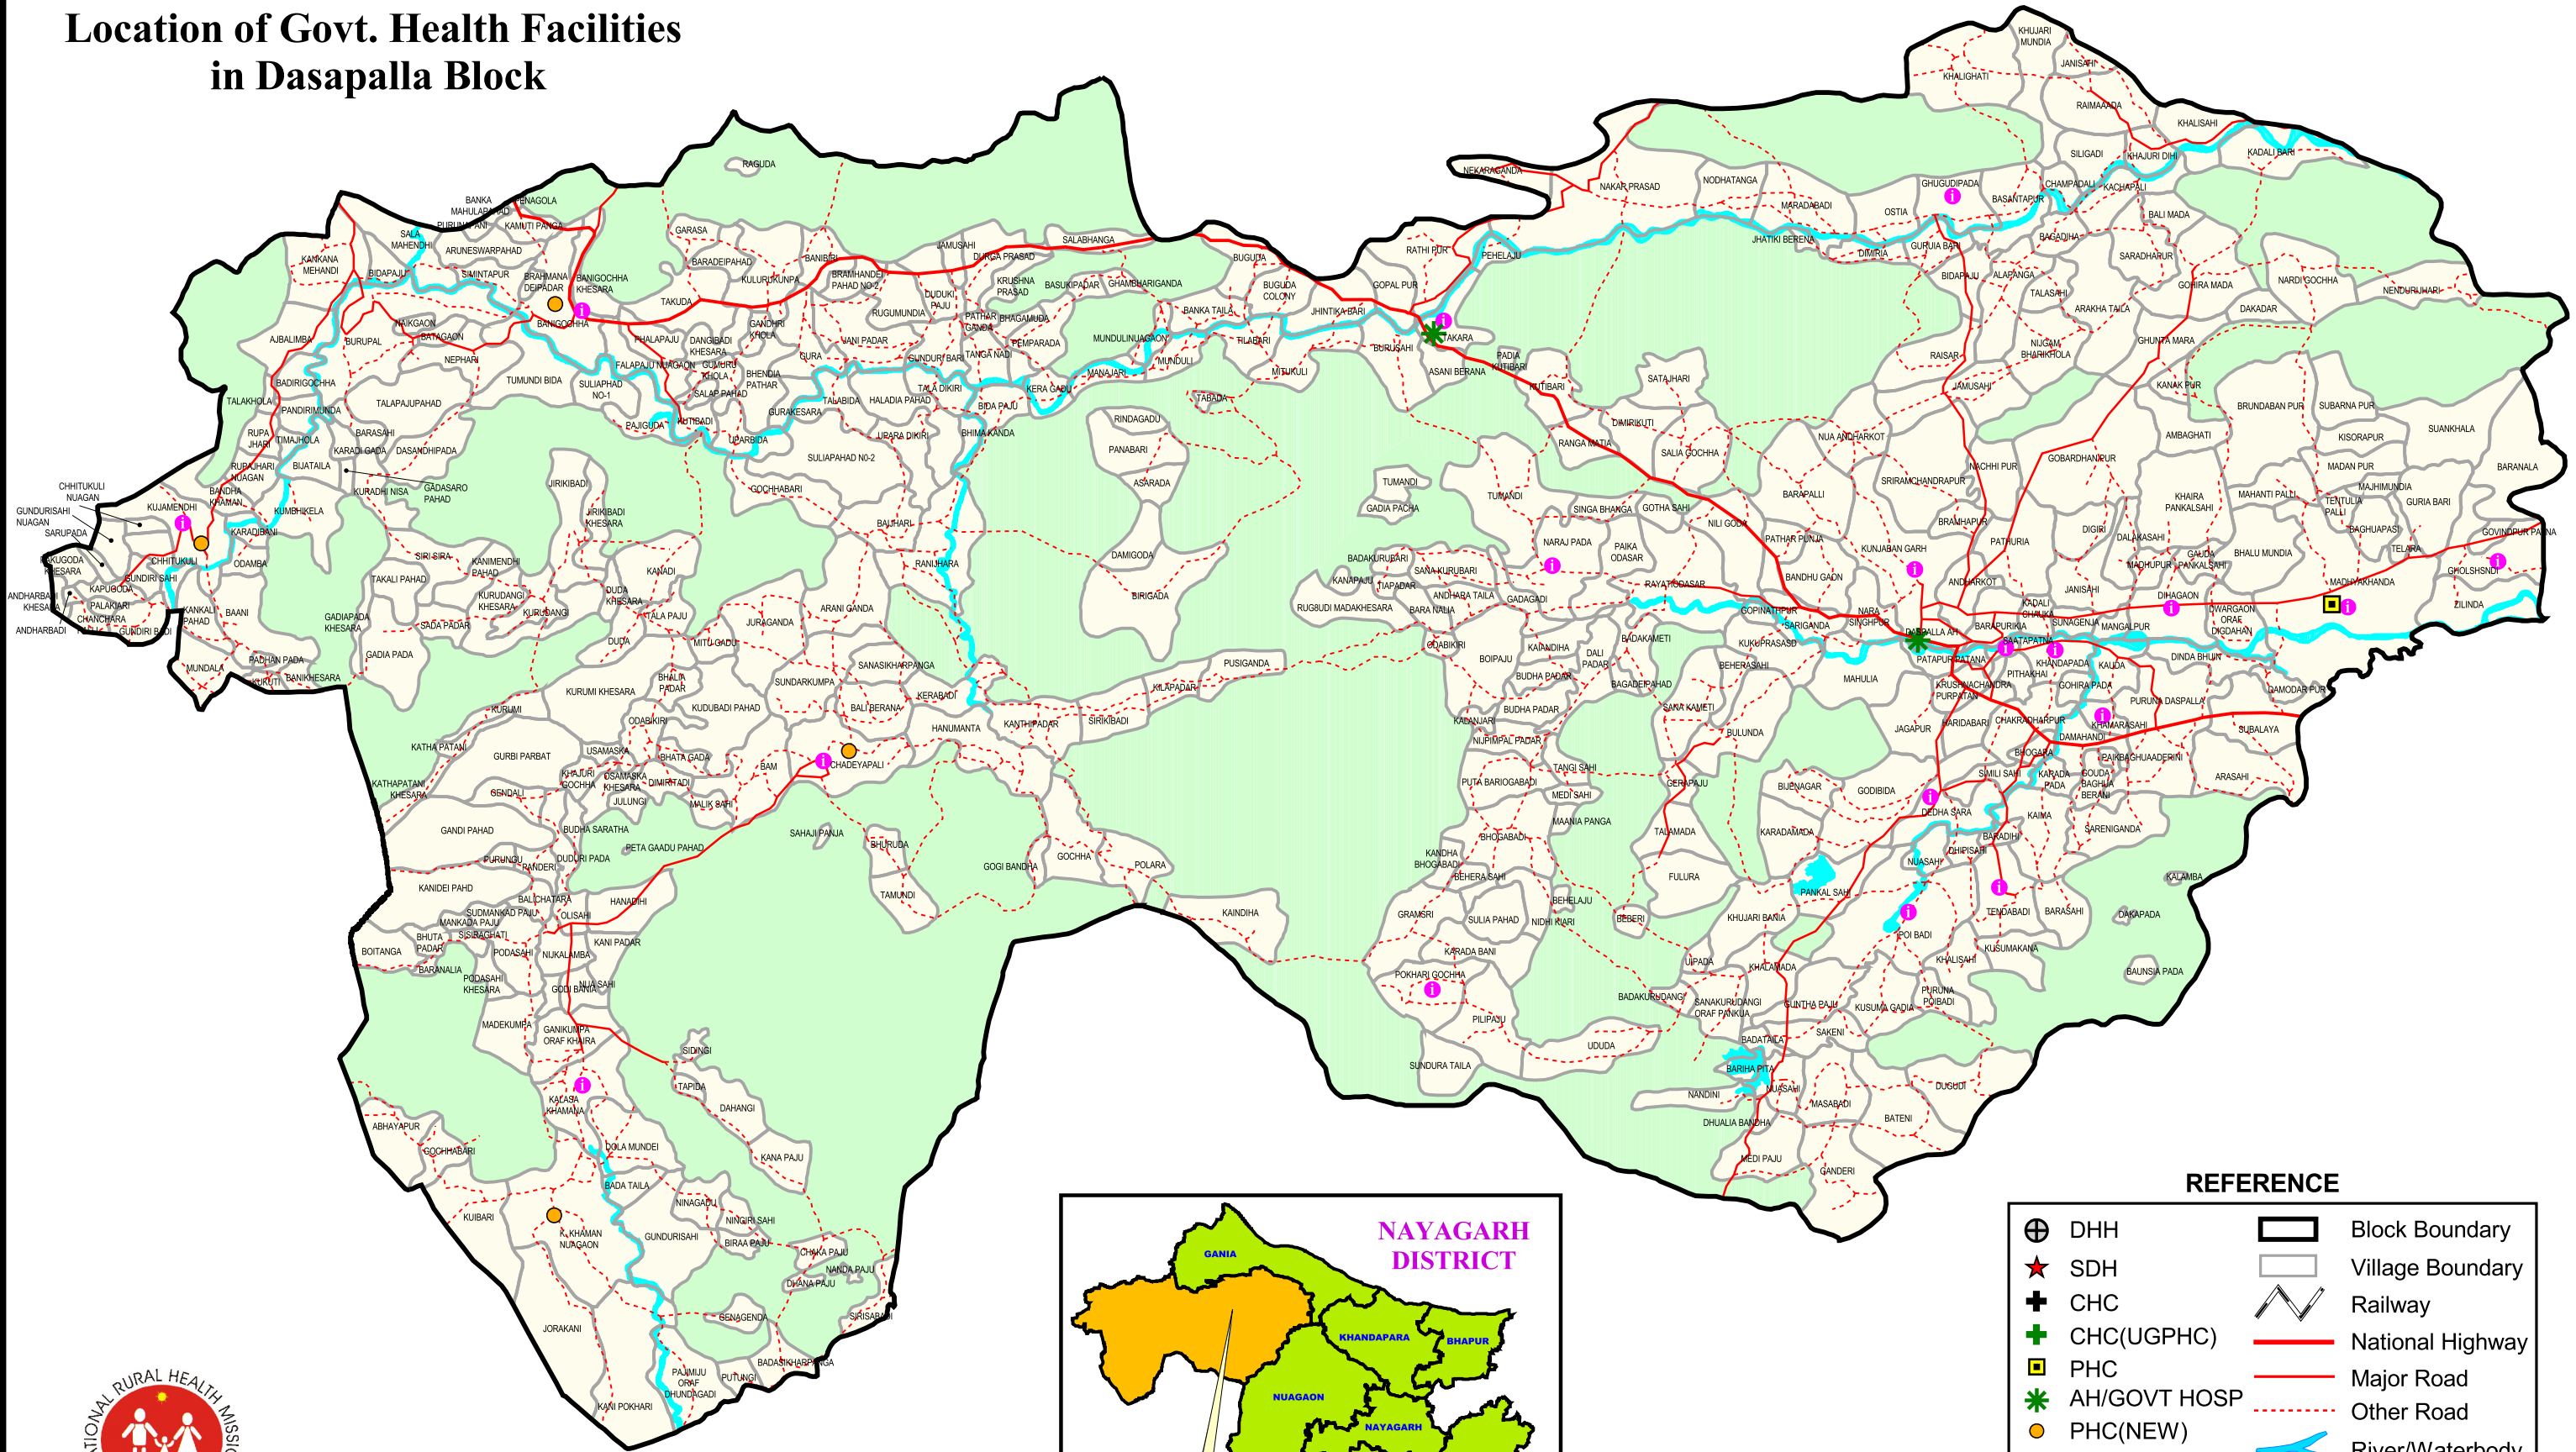

2 0 2 4 Kilometers

NAYAGARH DISTRICT Location of Govt. Health Facilities in Dasapalla Block

REFERENCE

	DHH		Block Boundary
	SDH		Village Boundary
	CHC		Railway
	CHC(UGPHC)		National Highway
	PHC		Major Road
	AH/GOVT HOSP		Other Road
	PHC(NEW)		River/Waterbody
	MHU		Urban Area
	SC		Forest Area
	OTHERS		

Mission Directorate
NRHM, Orissa

● ● ●

• Your instructions
Of the lines above, count those containing the word "Road", and give the number by itself.

• Solution to this exercise
2